Auckland Tuatara – No. 15
- Utility infielder
- Born: 20 May 1987 (age 37) Auckland, New Zealand
- Bats: RightThrows: Right

ABL debut
- 19 November, 2010, for the Brisbane Bandits

ABL statistics (through 25 January 2020)
- Batting average: .232
- Runs batted in: 24
- Home runs: 2

= Daniel Lamb-Hunt =

Daniel Edward Lamb-Hunt (born 20 May 1987) is a New Zealand-German professional baseball player who plays as a utility infielder for the Auckland Tuatara in the Australian Baseball League and the Bonn Capitals in the German Bundesliga.

==Career==
After growing up in Auckland and attending Mount Albert Grammar School, Lamb-Hunt began his career studying at the Major League Baseball Australian Academy Program and relocated to the Gold Coast, Queensland.

He was the first player of New Zealand heritage to play in the Australian Baseball League and is often credited as a rapidly progressing player, getting a relatively late start in baseball at age 17. In 2005, Lamb-Hunt was signed by the Atlanta Braves before being released.

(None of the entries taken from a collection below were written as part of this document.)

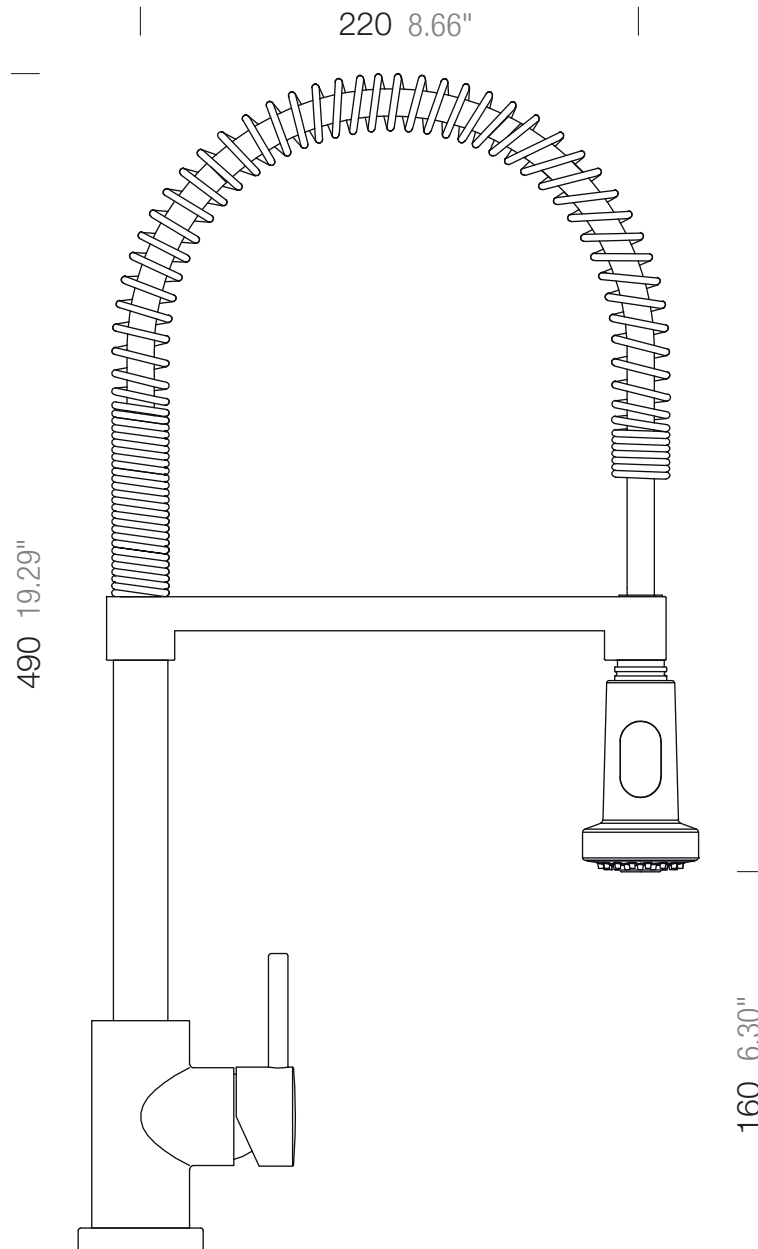

SCHOCK

SCHOCK KARPO 

593120

Lochbohrung \varnothing 35

Hole 1.37"
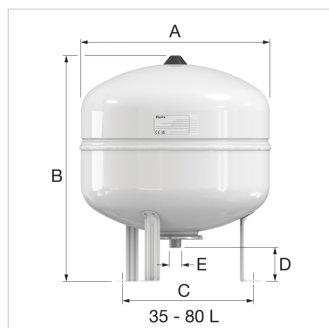

**Pro systémy s pitnou vodou pro použití v domácích a  
komerčních uzavřených systémech**

Při zvýšení teploty v soustavě se zvětší objem vody v systému. Expanzní nádoba pojme zvětšený objem, aby tlak v systému zůstal na správné úrovni. Každá nádoba je vybavena pružným vakem. Každá nádoba je ve výrobě testována.

**Výhody**

- Dusíková náplň pro delší udržení přednastaveného tlaku
- Celosvařovaná konstrukce
- Vak: EPDM

**Technická data**

- V souladu se Směrnicí o tlakových zařízeních PED 2014/68/EU
- Nádoba v souladu s normou EN13831/8
- Schváleno pro použití v systémech s pitnou vodou (0038/PED/RQA665195)
- Flofix 35 – 80 l: standardně vybaveno nožičkami
- Maximální provozní tlak 10,0 bar
- Maximální teplota na přívodu: 120 °C
- Min. / max. teplota ve vaku: -10 / 70 °C
- Nerezová příruba
- Bílý (RAL 9010) epoxidový práškový nástřik

Typ	Objem [l]	Max. provozní tlak [bar]	Přednastavený tlak [bar]	Rozměry				Syst. příp. (E)	Hmotnost [kg]		Objednací číslo
				A [mm]	B [mm]	Ø C [mm]	D [mm]				
Flofix 8 l	8	10	4,0	235	272	-	-	G 3/4" M	3,0	120	25290
Flofix 12 l	12	10	4,0	235	363	-	-	G 3/4" M	3,3	90	25291
Flofix 18 l	18	10	4,0	290	375	-	-	G 3/4" M	4,7	60	25292
Flofix 25 l	25	10	4,0	290	479	-	-	G 3/4" M	5,8	48	25293
Flofix 35 l	35	10	4,0	390	482	330	70	G 3/4" M	9,8	24	25294
Flofix 50 l	50	10	4,0	390	607	330	70	G 3/4" M	11,1	15	25295
Flofix 80 l	80	10	4,0	390	854	330	70	G 3/4" M	13,8	15	25296
Flofix 100 l	100	10	4,0	550	630	440	70	G 3/4" M	16,5	8	25277
Flofix 150 l	80	10	4,0	550	837	440	70	G 3/4" M	22,0	8	25278
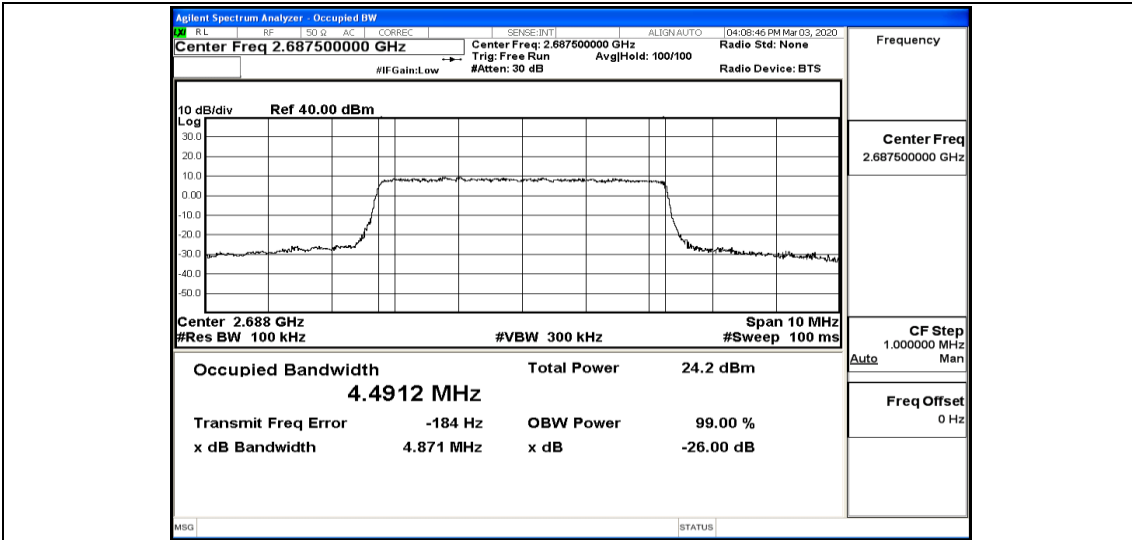

Test Graphs

Band41-5MHz-16QAM-39675-25RB#0-4.4902

Band41-5MHz-16QAM-40620-25RB#0-4.4945

Band41-5MHz-16QAM-41565-25RB#0-4.4912

Band41-10MHz-QPSK-39700-50RB#0-8.9604

Band41-10MHz-QPSK-40620-50RB#0-8.9575

Band41-10MHz-QPSK-41540-50RB#0-8.9493
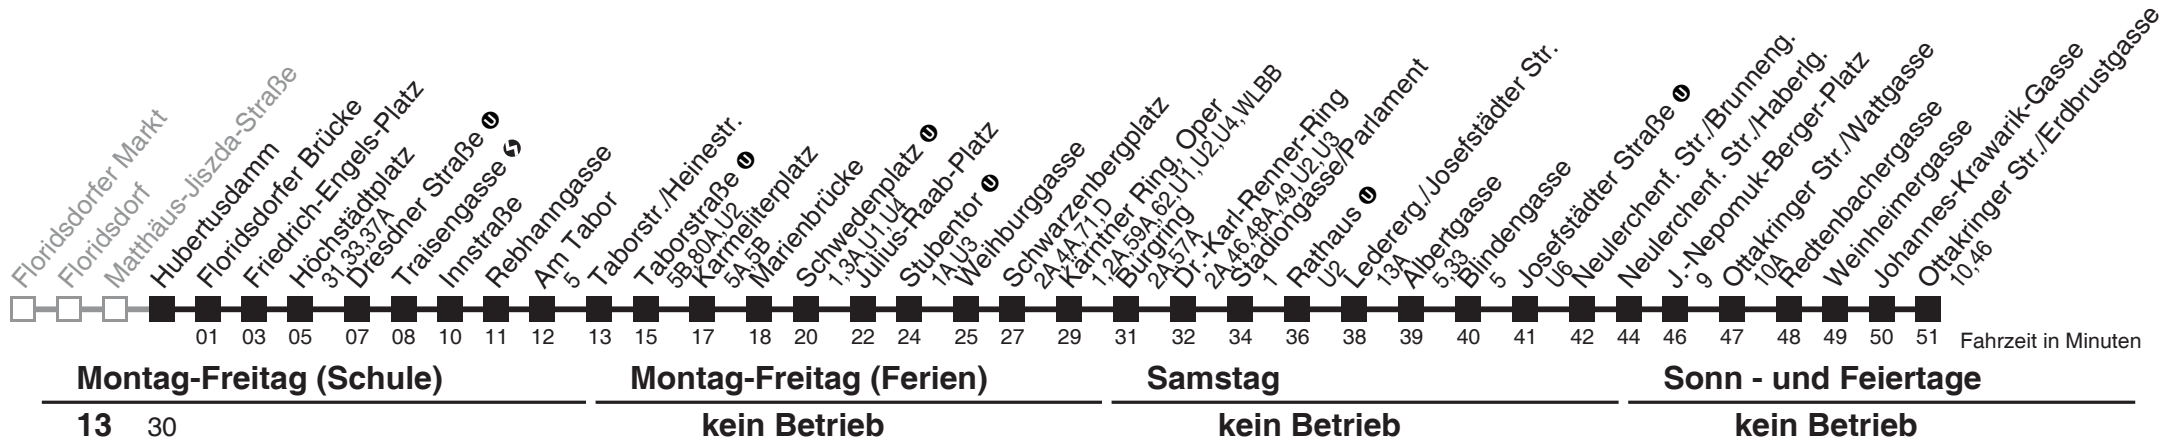

Holen Sie sich die aktuellen Abfahrtszeiten auf Ihr Handy
m.qando.at/qr/00848

2

Hubertusdamm → Ottakringer Str./Erdbrustgasse

Ihr Kurzstreckenfahrtschein gilt bis
Traisengasse ↔

Am 24.12. ab ca. 17.00 Uhr Intervall alle 15 Minuten
Vom 31.12. auf 1.1. durchgehender Betrieb
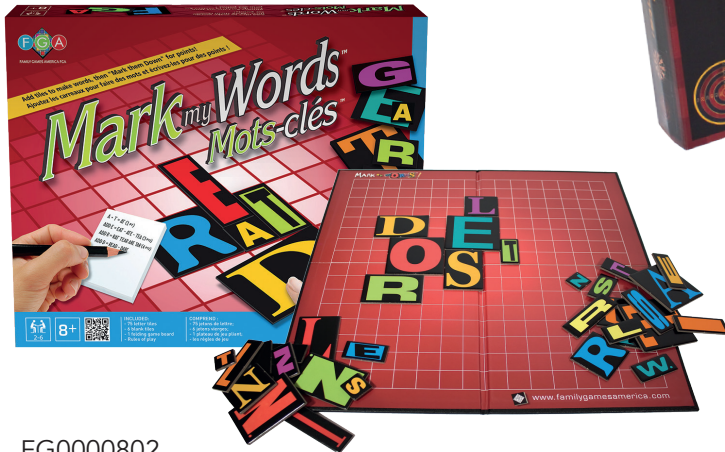

C.P.: 3  
UPC: 086453006073  
DIMENSION: 11 X 11 X 3.5"  
ÂGE: 8+ • JOUEUR: 2

FG0000648  
**MAGNETIC DARTS™  
L'ORIGINAL**

Tapis à deux faces pour jouer à l'intérieur de manière sécuritaire.

C.P.: 6  
UPC: 086453006486  
MAT DIMENSION: 16.75 X 19.5 X 1.5"  
BOX DIMENSION: 17 X 11 X 2.25"  
ÂGE: 8+ • JOUEUR: 1+
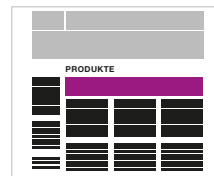

AUSSTELLERKATALOG PRODUKTLISTEN BANNER

Device: Desktop & Mobile
Platzierung: Online Produktliste
Format: 300 x 50 Pixel (Portrait Smartphone) & 468 x 60 Pixel (Portrait Tablet und Landscape Smartphone) & 728 x 90 Pixel (Landscape Tablet)
Dateiformat: jpg | png
Veröffentlichung: 1 Monat vor Messestart
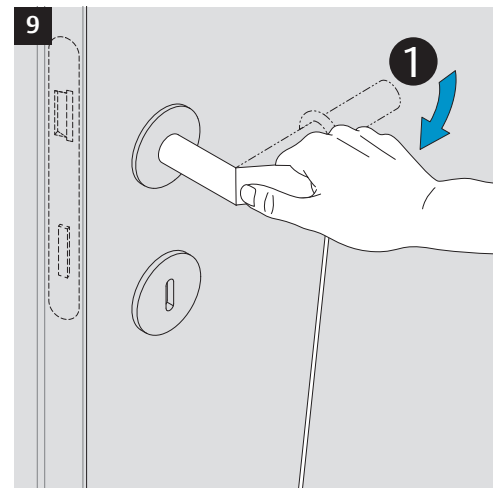

NoHander

Installations- und Montageanleitung Installation Instructions

D0124800

Experience a safer
and more open world

A

B

Planet GDZ AG
Neustadtstrasse 2
8317 Tagelswangen/Zürich
SWITZERLAND
Tel. +41 43 266 22 22
mail.planet@assaabloy.com
www.planet.ag
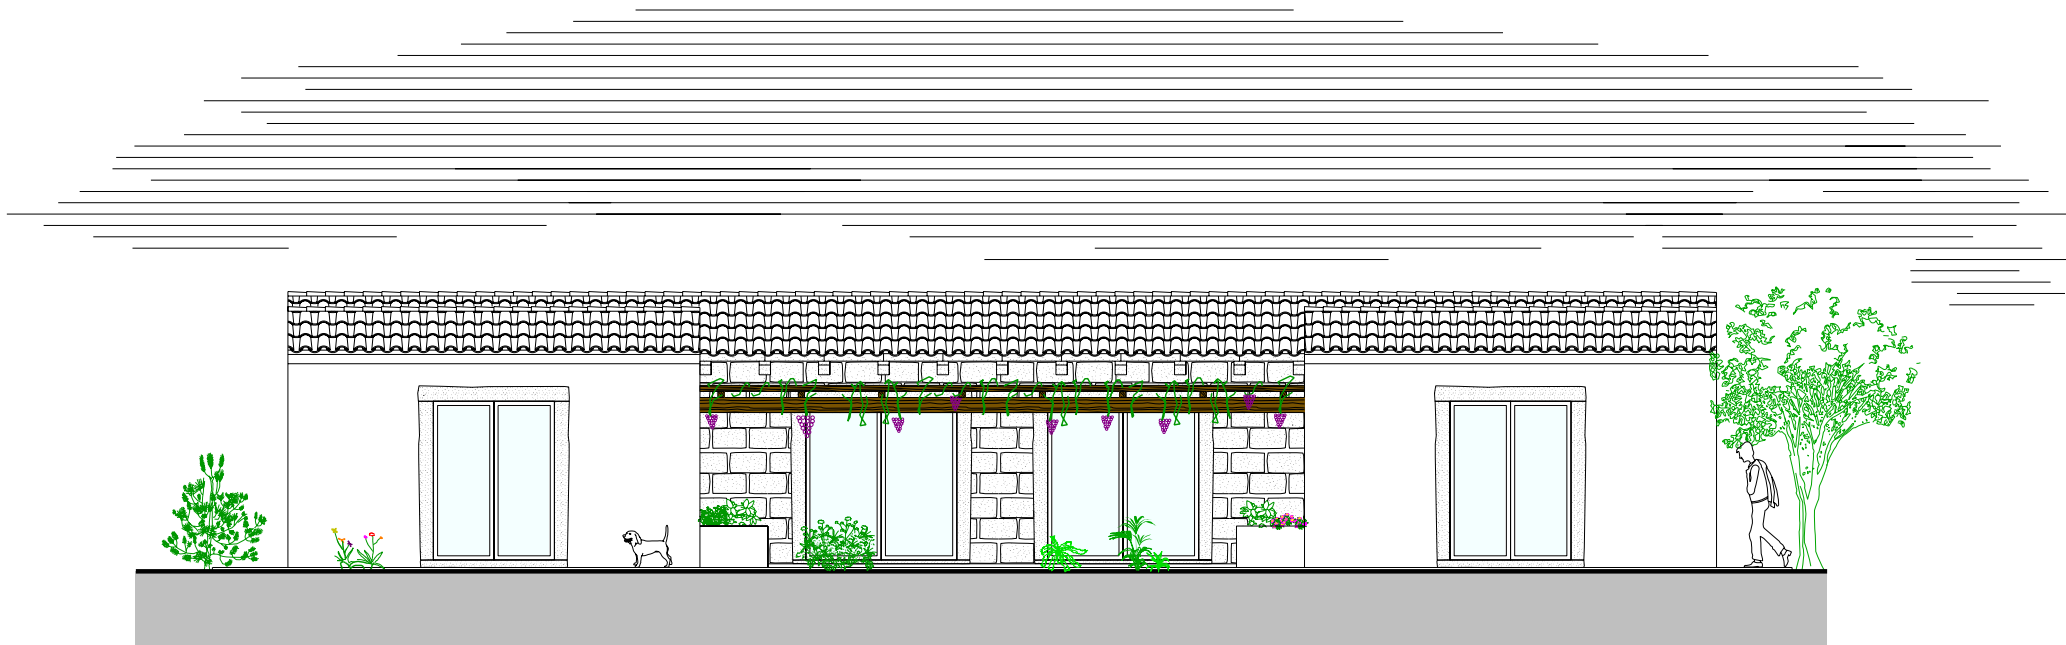

-D-

-C-

-A-

-B-

PIANTA ARREDATA

scala 1:100

PROSPETTO A-B

scala 1:100

PROSPETTO C-D

scala 1:100

PROSPETTO B-C  
scala 1:100

PROSPETTO D-A  
scala 1:100

## TABELLA RIASSUNTIVA SUPERFICI E VOLUMI

Superficie lotto	24.769,00
Superficie lorda fabbricato	148,00
Superficie veranda	30,00
Volume	383,00

Like many New Zealand players, Lamb-Hunt made the crossover from softball.

He made his debut for the Brisbane Bandits on 19 November 2010 against the Sydney Blue Sox as the designated hitter, grounding out for an RBI before being pinch-hit for by Shayne Watson. Lamb-Hunt competed for the coveted Claxton Shield and played for the Bandits for two seasons.

In 2010 Lamb-Hunt concluded the season leading Germany's Baseball-Bundesliga 1st division. The utility infielder batted .411 with seven home runs, three triples, five doubles, 29 runs and 22 RBI in 28 games with the Pulheim Gophers, who re-signed him in 2011. In a repeat stellar performance, Lam-Hunt walked away from his second season, again, with best batter honours.

Lamb-Hunt has secured a following in Germany following his success in the Northern League, where he currently resides, playing now for the Bonn Capitals.

In 2018, Lamb-Hunt signed with the Auckland Tuatara of the Australian Baseball League, an expansion team based in his hometown of Auckland, New Zealand. Lamb-Hunt didn't join the team until January in the 2019–20 Australian Baseball League season staying in Germany to apply for citizenship.

==International career==
He was selected to the New Zealand national baseball team at the 2013 World Baseball Classic Qualifier, 2017 World Baseball Classic Qualifier, and 2021 World Baseball Classic Qualifier.